Required Technical Skills
Programming
- Proficiency in Python for data processing and automation.
- Experience with scripting languages (e.g., Bash, Shell) is a plus.
Data Processing Frameworks
- Hands-on experience with Apache Spark, Hadoop, or Apache Beam.
- Familiarity with ETL/ELT processes and best practices.
Database & Querying
- Strong understanding of SQL with experience in PostgreSQL, MySQL, or Oracle.
- Exposure to NoSQL databases like MongoDB, Cassandra, or DynamoDB.
Cloud Platforms
- Working knowledge of Azure (e.g., Data Factory, Synapse, Data Lake), AWS (e.g., S3, Redshift, Glue), or GCP (BigQuery, Dataflow).
Data Warehousing
- Experience with Databricks, Snowflake, Redshift, or BigQuery.
Data Pipelines & Orchestration
- Familiarity with workflow orchestration tools (Airflow, Prefect, Luigi).
Big Data Tools
- Proficiency working with distributed data systems like HDFS or cloud-native equivalents.
Version Control
- Skilled in Git for collaborative development and code versioning.
Experience
- Years of Experience: Minimum 4 years in data engineering, data warehousing, or a related field.
- Project Exposure: Demonstrated ability to build and optimize scalable data pipelines for both batch and real-time processing.
- Debugging & Optimization: Proven track record of diagnosing performance issues and optimizing data systems.
- Data Governance & Security: Experience implementing data privacy regulations and best practices in data quality and access controls.
Soft Skills
Problem-Solving
- Capable of independently troubleshooting complex data and system issues.
Communication
- Strong ability to collaborate with data analysts, scientists, and other engineers to translate business requirements into effective data solutions.
Documentation
- Competent in documenting data workflows, system designs, and troubleshooting steps clearly and concisely.
Team Collaboration
- Experience working in cross-functional teams of professionals that are located around the world, ideally within Agile or similar methodologies.
Education
- Bachelor’s or Master’s degree in Computer Science, Information Systems, Engineering, or a related field.
- Equivalent practical experience can compensate for formal education in some cases.
Certifications (Optional but Valuable)
- AWS Certified Data Analytics – Specialty
- Google Professional Data Engineer
- Microsoft Azure Data Engineer Associate
- Databricks Certified Data Engineer Associate
Additional Considerations
- Analytical & Statistical Skills: A background in data analysis or data science is highly beneficial for designing effective data models and understanding business insights.
- Machine Learning Integration: Exposure to integrating machine learning pipelines, especially GenAI technology, for further data-driven intelligence is a plus.

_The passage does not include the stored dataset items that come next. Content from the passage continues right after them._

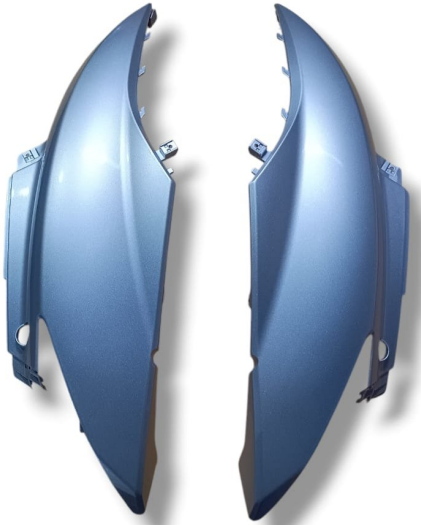

-16%

ELECTRIC SCOOTER OKINAWA R30 COMPATIBLE REAR SIDE BODY

"Get genuine Automaxx body parts Compatible for Ampere, Okinawa, and all branded & non-branded Chinese electric scooters. High-quality, compatible components for smooth performance and durability. Shop now! ☐"

[Read More](#)

SKU: AM_SPAR91MW35

Price: ₹2,230.00 ~~₹1,870.00~~

10 in stock (can be backordered)

-31%

ELECTRIC SCOOTER OKINAWA R30 COMPATIBLE DICKY

"Get genuine Automaxx body parts Compatible for Ampere, Okinawa, and all branded & non-branded Chinese electric scooters. High-quality, compatible components for smooth performance and durability. Shop now! ☐"

[Read More](#)

SKU: AM_SPAROF4S21

Price: ₹1,430.00 ~~₹990.00~~

4 in stock (can be backordered)
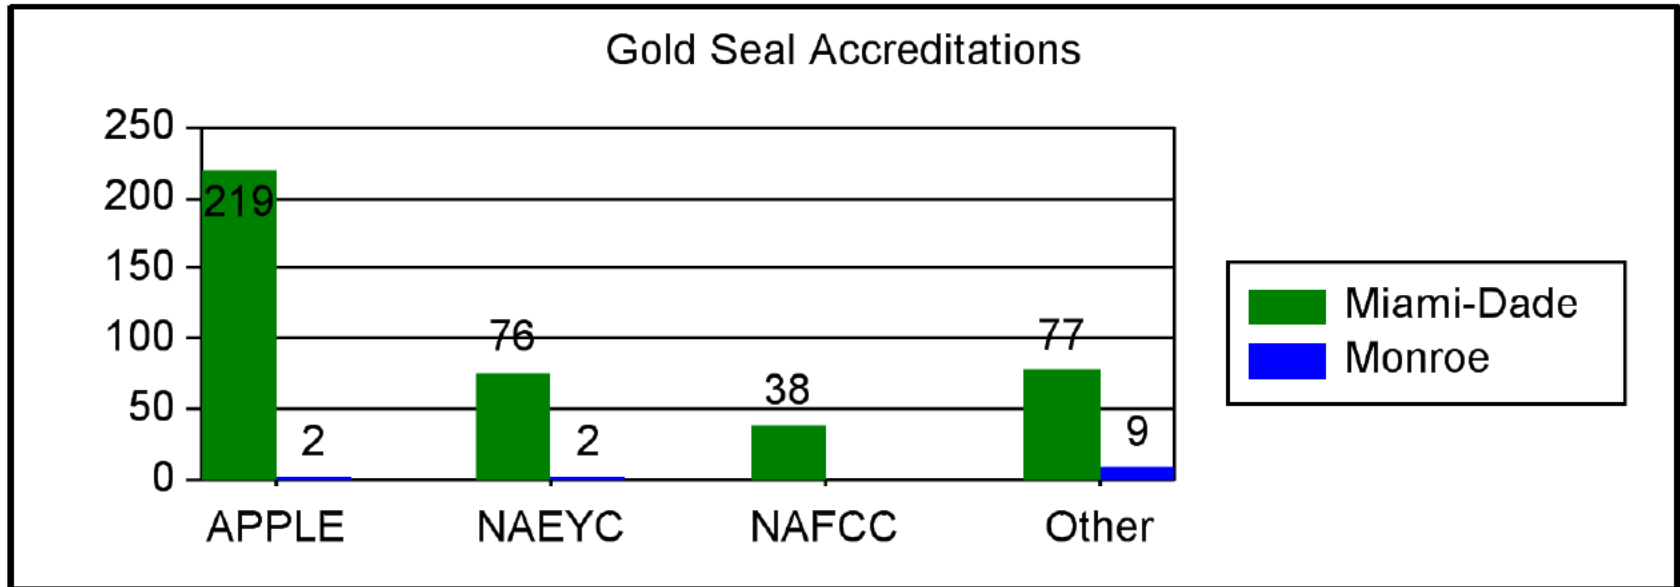

Miami-Dade/Monroe Gold Seal Sites

Note: Some sites are accredited by more than one accrediting body.
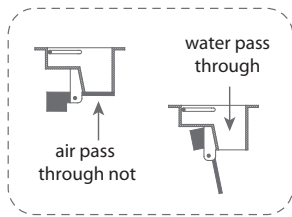

Stainless steel cover

Stainless steel dom-grid

Solid brass drain core

Stainless steel drain body
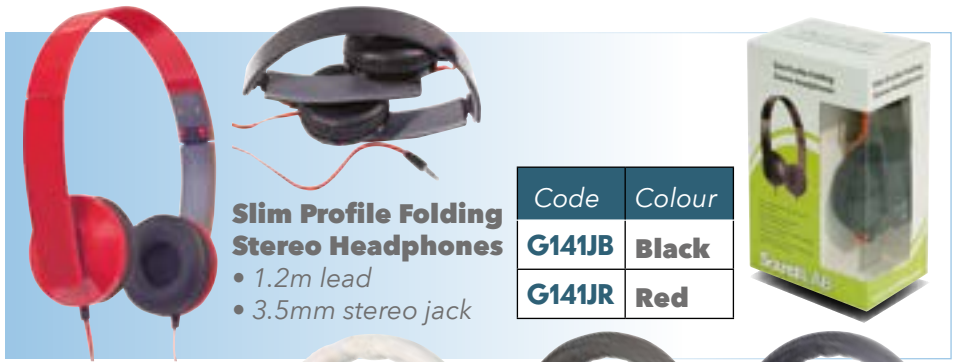

Slim Profile Folding Stereo Headphones
• 1.2m lead
• 3.5mm stereo jack

Code	Colour
G141JB	Black
G141JR	Red
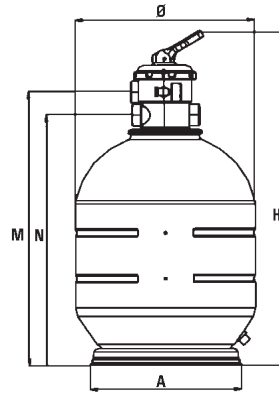

BRASIL MAX - 2000 FILTER

Brasil Filter

- Blow moulded HDPE
- Fitted with pressure gauge, manual air vent and water drain
- Includes 6-way valve
- Maximum working pressure 2 Bar (test pressure 3 Bar)
- Filtration velocity $50\text{m}^3/\text{h}/\text{m}^2$

Brasil - Top

Ø	H	A	N	M
400mm	825mm	340mm	595mm	660mm
450mm	870mm	340mm	645mm	705mm
500mm	915mm	430mm	690mm	750mm
600mm	1015mm	430mm	790mm	850mm

Brasil Filter - C/W Top Mount Valve & Pressure Gauge

Code	Description
FBT400	400mm (15") filter $6\text{m}^3/\text{h}$ 1.5" connections
FBT450	450mm (18") filter $8\text{m}^3/\text{h}$ 1.5" connections
FBT500	500mm (20") filter $10\text{m}^3/\text{h}$ 1.5" connections
FBT600	600mm (24") filter $14\text{m}^3/\text{h}$ 1.5" connections

Brasil Filter - C/W Side Mount Valve & Pressure Gauge

Code	Description
ZZFBS400	400mm (15") filter $6\text{m}^3/\text{h}$ 1.5" connections
ZZFBS450	450mm (18") filter $8\text{m}^3/\text{h}$ 1.5" connections
ZZFBS500	500mm (20") filter $10\text{m}^3/\text{h}$ 1.5" connections
ZZFBS600	600mm (24") filter $14\text{m}^3/\text{h}$ 1.5" connections

Brasil - Side

Ø	H	A	N	M
400mm	610mm	340mm	235mm	360mm
450mm	655mm	340mm	230mm	355mm
500mm	700mm	430mm	240mm	365mm
600mm	800mm	430mm	290mm	415mm

BRASIL MAX-2000 FILTER
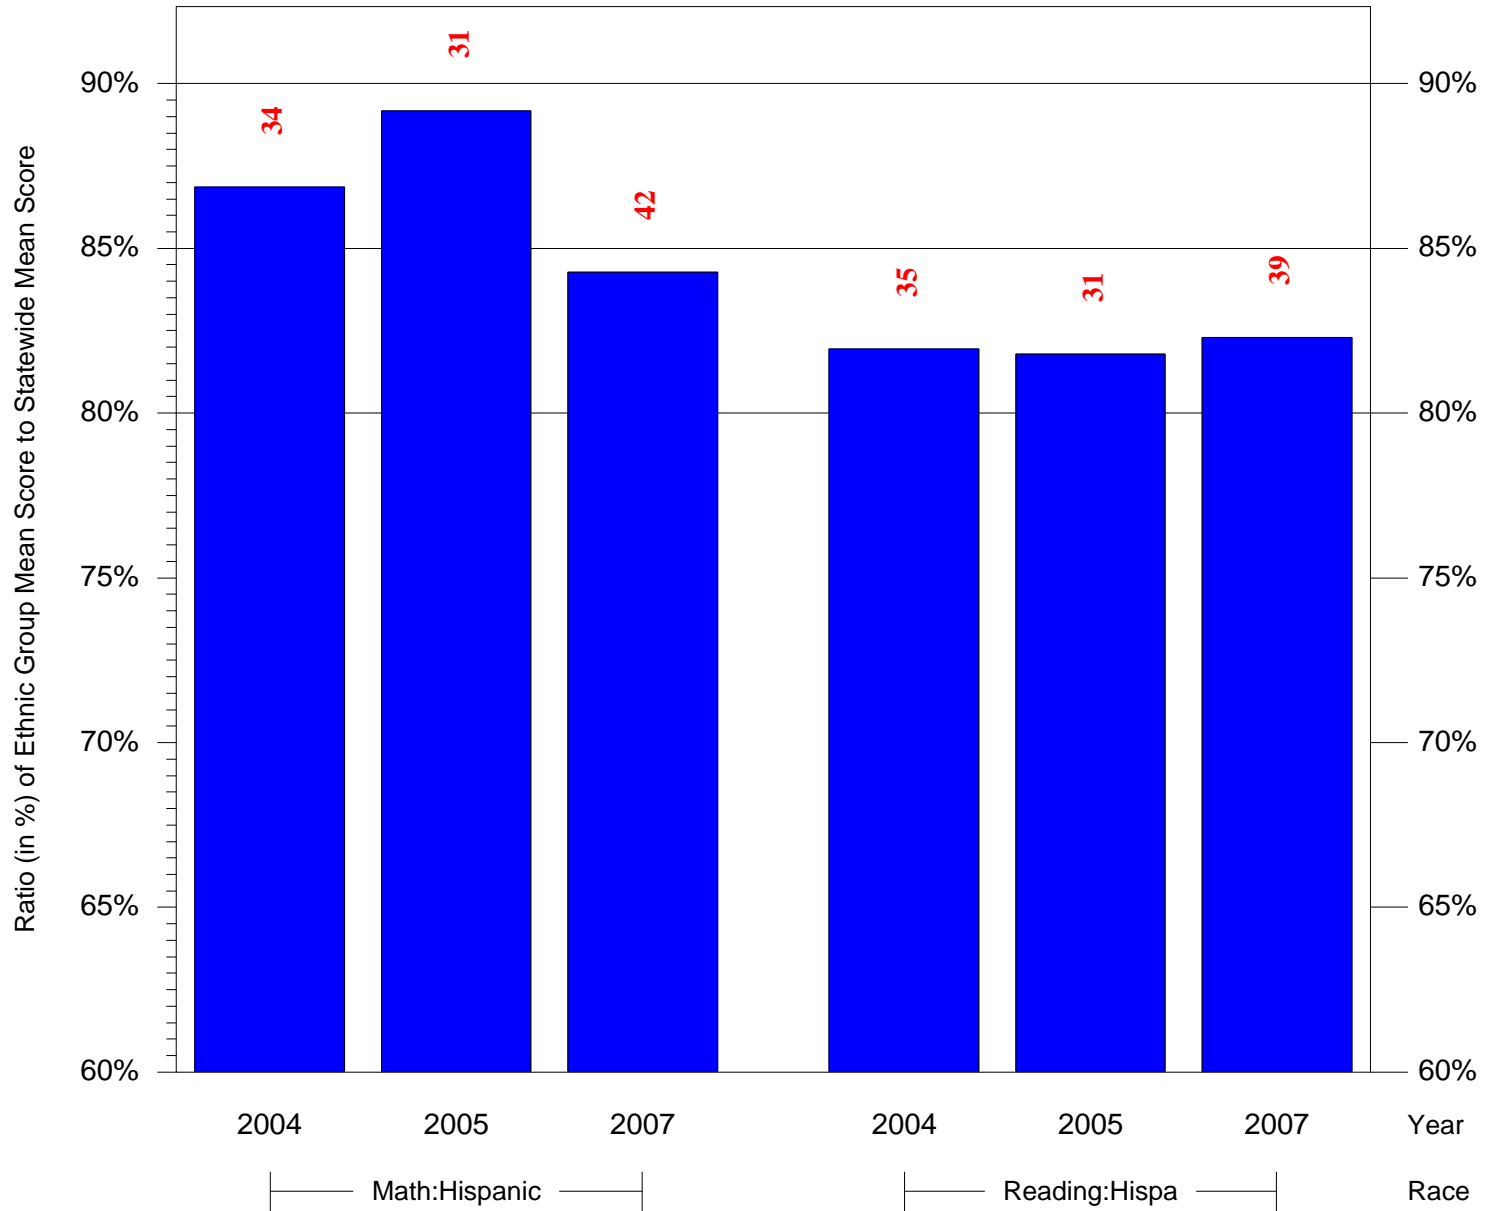

Mean Ethnic Group Building PSSA Test Score to Statewide Mean Score

Building = Edmunds Henry R Sch(3737) and Grade = 8 and Ethnic Group = Asian or Hispanic

(Note: Number (in red) of Test Takers is above each bar in the chart.)
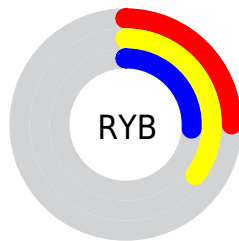

## Conversions Part 2

<b>Format</b>	<b>Color</b>
<b>RYB</b>	64, 89, 67
Decimal	5658944
CIELab	37.00, -5.95, 14.11
CIElCh	37, 15.315, 112.852
Yxy	9.5379, 0.3462, 0.3943
Android (android.graphics.Color)	4283849024 (0xFF565940)
YUV	85.2530, -10.4777, 0.6551
Hunter-Lab	30.8835, -5.6363, 9.5654

# Details

The CIELCh color **37, 15.315, 112.852** is a dark color, and the websafe version is hex **666633**. A complement of this color would be **28, 16.259, 297.327**, and the grayscale version is **36, 0.005, 296.813**.

A 20% lighter version of the original color is **57, 15.324, 113.041**, and **17, 15.661, 113.989** is the 20% darker color. If you saturate the color by 10%, you get **37, 20.639, 112.136**, and if you desaturate by 10%, it is **37, 9.894, 113.586**.

# Distribution

- Red (34%)
- Green (35%)
- Blue (25%)

- Red (25%)
- Yellow (35%)
- Blue (26%)

- Cyan (3%)
- Magenta (0%)
- Yellow (28%)
- Black (65%)

- Cyan (66%)
- Magenta (65%)
- Yellow (75%)
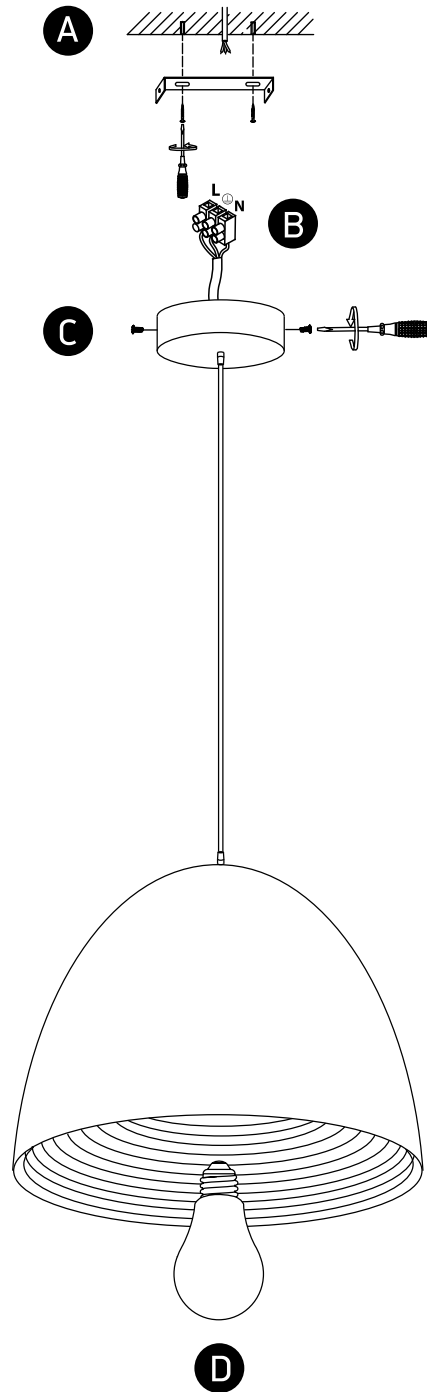

INSTALLATION MANUAL

63016A

100-240V | E27 | 20W | IP20 | Aluminium

one
LIGHT

Warnings:

1. Fix the base on the ceiling.
2. Make sure that the product is installed properly before connecting to electricity.
3. Connect the AC power cable as shown in the above diagram.
4. Do not cover the fitting.
5. Maintenance and installation should only be carried out by a professional electrician.

- Innovative Mindset: Enthusiasm for exploring new tools, frameworks, and methodologies to continually optimize data solutions.
Why Join Us
- Impactful Role: Shape the architecture and strategy for unstructured data management and analytics, influencing key decisions and driving business value.
- Collaborative Environment: Work alongside a dynamic team of data professionals, leveraging cutting-edge technologies to solve real-world challenges.
- Professional Growth: Expand your technical acumen and leadership capabilities in a role that offers continuous learning and development opportunities.
Minimum Clearance Required to Start:
Not Applicable/NoneParsons is an equal opportunity employer committed to diversity in the workplace. Minority/Female/Disabled/Protected Veteran.